NEW PRINCIPLES OF COMPUTER PROCESSING

Entropy and information in biological systems
In spite of enormous complexity of biological systems in general and human in particular, the notion of entropy turns out to be very useful in description of certain aspects of such objects.

As first example we consider the following psychological experiment: Suppose we have N lamps; and lamp number j flashes with probability pj. The human should point out as quickly as possible which lamp flashed. What is the mean time of human reaction if the experiment is repeated many times?

The answer turns out to be rather unexpected: the average reaction time is proportional to the entropy (2.2) of our experiment (and not to number of lamps N as one would naively think) [Hyman R.,1953].

Moreover, we can repeat the experiment under another conditions: we can ask the human to point to the flashed lamp as soon very quickly, such that sometimes he can even make mistakes. Then we get two probabilistic experiments: experiment a, whose outcomes are flashes of lamps, and experiment ß, whose outcomes are human reactions. It turns out that the average time of human reaction in this case is proportional to information I(, ß)!

The conclusion we can make from these experiments is that the speed of signal propagation in human nerves is proportional to mathematically well-defined amount of information contained in the signal!

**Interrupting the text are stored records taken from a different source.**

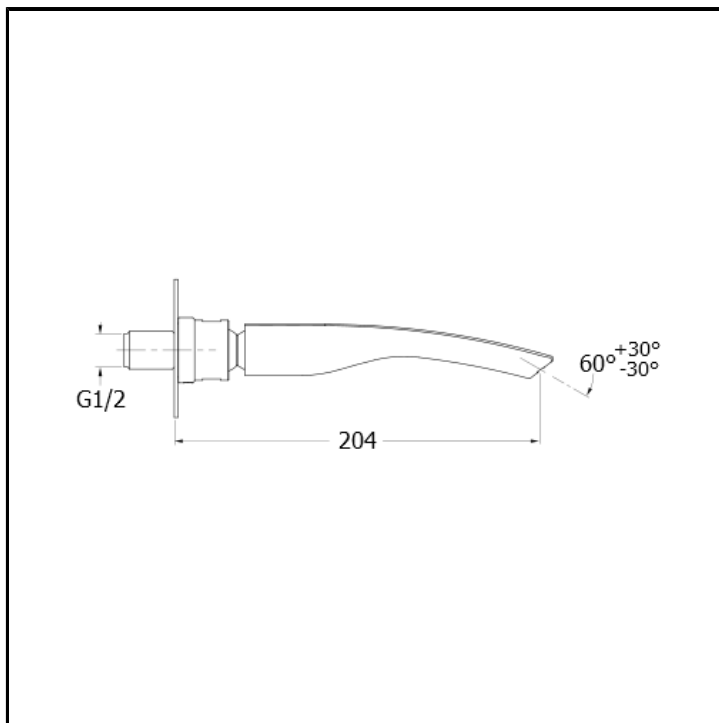

CRIBD315

Adjustable waterfall shower massage jet

FINITURE

 Chrome

CHARACTERISTICS

- Waterfall and body jet

INSTALLATION

- Wall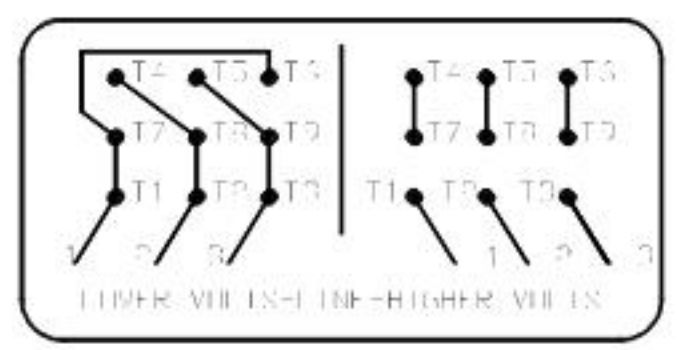

A-C MOTOR
CONNECTION DIAGRAM
STANDARD 9 LEAD DELTA-CONNECTED

REV. 01 575-3

REV. DESC: FONT CHANGE FOR PDF SEARCHABLE		
REV. LTR: A	VERSION: 01	TDR: 000001009382
FILE: \MGA\00000\661	REVISED: 02:46:19 02/13/2020	BY: MGHMTT
MTL: -	⊙ □	

BALDOR - RELIANCE®

CONN DIAG - STANDARD 9 LEAD, DELTA-CONNECTED

SH 1 of 1

416820-002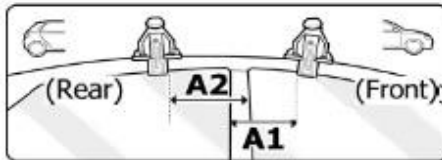

# FIXING KIT OMEGA

2

MANUFACTURER	MODEL CAR	DOORS	MODEL YEAR	D1	D2
CITROEN	Berlingo (Mk1) Van	5	96>10	7,7	8,0
CITROEN	Xsara Picasso	5	99>10	6,2	5,5
PEUGEOT	Ranch	5	96>13	7,7	8,0

3

4

Front 5	Rear 6
31 2X	31 2X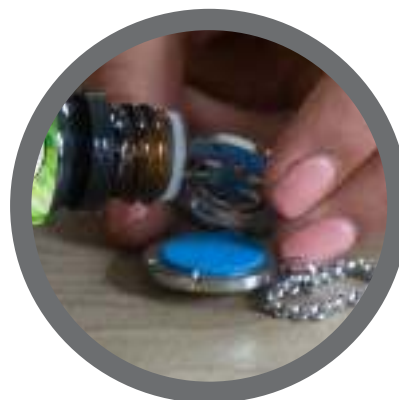

OPEN

the magnetic diffuser locket.

PLACE

reusable oil pad inside and add between 3-8 drops of your favorite scent.

ENJOY

your favorite Wild Essential essences on the go!

DIFFUSER NECKLACES

Unique designed diffuser pendants and 24" necklaces made from 316L, surgical grade stainless steel (and some nickel free alloy). Each necklace comes with a variety of colored refill pads (or lava stones) that allow you to customize and change the look of the pendant. Use these pads with any essential oil or liquid fragrance to wear your personal diffuser all day long!

Another indication of the relevance of entropy notion in biological system is a well known fact that in any population of biological species most of their physical characteristics (like say weight, or length) have gaussian distribution density. As we know, the gaussian distribution (2.18) maximises the entropy if the dispersion is fixed. Therefore, we conclude that the principle of maximal entropy (and also the constancy of dispersion) has direct application to evolution of biological population!

Of course, it seems very tempting to generalise the notion of entropy and information to the level of biological objects, or, say, mankind as a whole, looking at evolution of our civilisation, or even the whole universe as huge random experiment. Such attempts were made my many authors (see, for example, book of Stonier [Stonier T., 1990]). Many authors these days speak about "information field" as a fundamental field of nature and so on. However, if we speak about total amount of information (or entropy) contained in, say, human body, or our whole civilisation, it is very difficult to explain what do we mean. How to formulate the experiment explicitly? Or, in thermodynamical terms, how to count all possible microscopic states of the system? Which states should be considered to be different? The problem is that, since the gap between the level of civilisation and fundamental quantum level is very big (in between we have chemical level, biological level, social level...) it does not seem possible to give satisfactory theoretical answer to this question at the moment.

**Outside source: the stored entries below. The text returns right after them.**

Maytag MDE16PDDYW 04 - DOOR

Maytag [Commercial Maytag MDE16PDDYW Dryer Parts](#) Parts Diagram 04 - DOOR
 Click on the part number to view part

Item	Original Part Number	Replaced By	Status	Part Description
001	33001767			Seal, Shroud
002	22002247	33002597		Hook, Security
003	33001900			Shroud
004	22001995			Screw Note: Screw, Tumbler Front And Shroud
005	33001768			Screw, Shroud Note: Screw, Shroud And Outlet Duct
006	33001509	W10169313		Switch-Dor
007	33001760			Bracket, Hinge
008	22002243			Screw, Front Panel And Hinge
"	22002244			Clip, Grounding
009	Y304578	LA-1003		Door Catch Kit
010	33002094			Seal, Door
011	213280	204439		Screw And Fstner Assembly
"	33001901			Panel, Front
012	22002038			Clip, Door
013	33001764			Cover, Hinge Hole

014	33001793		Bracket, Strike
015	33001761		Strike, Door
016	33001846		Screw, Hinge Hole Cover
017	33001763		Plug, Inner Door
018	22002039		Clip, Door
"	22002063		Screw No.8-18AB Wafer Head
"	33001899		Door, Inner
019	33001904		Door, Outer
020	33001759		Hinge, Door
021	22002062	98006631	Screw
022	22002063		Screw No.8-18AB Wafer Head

Nevertheless, taking mankind as a whole, or choosing one single human, it is clear, as we can see from above examples, that the notion of entropy can really be used for effective description of certain aspects of their life. So maybe it is possible to measure some characteristic of human experimentally, which can be then satisfactorily interpreted as the "total entropy of human being"? In the sequel we introduce such variable. Then, based on the results of calculation of this variable for different types of human, argue, that this variable can really pretend to be a natural candidate for experimentally measured human entropy, or "measure of human uncertainty". We will referrer to the results of GDV experiments.

Statistical interpretation of BEO-grams. BEO-entropy
To put the essentially qualitative discussion of the previous section to more solid background one should choose one or another mathematical approach for analysis of BEO-gram structure. Ideally, we would like to have an algorithm which would allow to distinguish between images which visually belong to essentially different classes. It was demonstrated by numerous experiments that [Korotkov K., 1998] these different classes, in turn, describe essentially different human states. It was proposed [Proceedings, 1999] the analyse of BEO-grams using so-called "analysis of fractal dynamics", which allows to encode the essential information carried by the image to relatively small number of parameters (eight). This allows develop an algorithm which effectively attribute images to different classes.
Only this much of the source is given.